The local school, Heggedal barneskole, was built in 1906, and expanded several times, most recently in 1960. As of autumn 2005, it has 362 pupils aged from 6 to 13 (first to seventh grade), and does not split the pupils into classes which they keep for the whole 7-year period in the school - instead, they are in working groups which may change from year to year or even more frequently.

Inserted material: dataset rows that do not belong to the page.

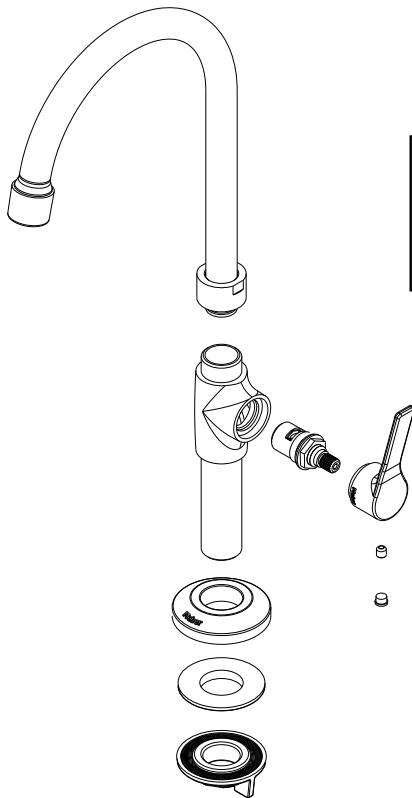

PEÇAS DE REPOSIÇÃO

POS	CÓDIGO	DENOMINAÇÃO
1		
2	26519	ARRUELA TORNEIRA BALCÃO
	25220	PORCA ARRUELA G 1/2 ELASTICA

QUER SABER MAIS?

Consulte o manual de instalação em nosso site.

Riksvei (state road) 167 which runs south-west to Røyken and Spikkestad runs through the area, and there are minor roads to the nearby coastal settlements of Vollen, Blakstad and Slemmestad. From the railway station on the Spikkestadbanen, the train runs from Spikkestad some kilometres to the south-west to Oslo in the north-east, and trains also run to Lillestrøm, also in Akershus county. There are also bus services to the centre of Asker.

== Sports ==
Heggedal IL, the local sports club, was founded in 1914. The men's association football team used to have a cooperation with the nearby Vollen UL, and played on the sixth level of the pyramid, but this stopped after the 2003 season. It also has volleyball teams for men and women (the women's team plays on the third level of the Norwegian pyramid, the men's team on the lowest level - the fourth), a cross-country skiing group and a "sport school" programme for the youngest children. In the 1960s, Nordic combined world champion Arne Larsen represented Heggedal IL. The local golf club, Heggedal Golfklubb, is run by the Vinnulstad Golf company, and currently has a driving range, although the municipality has regulated the area for a 9-hole course.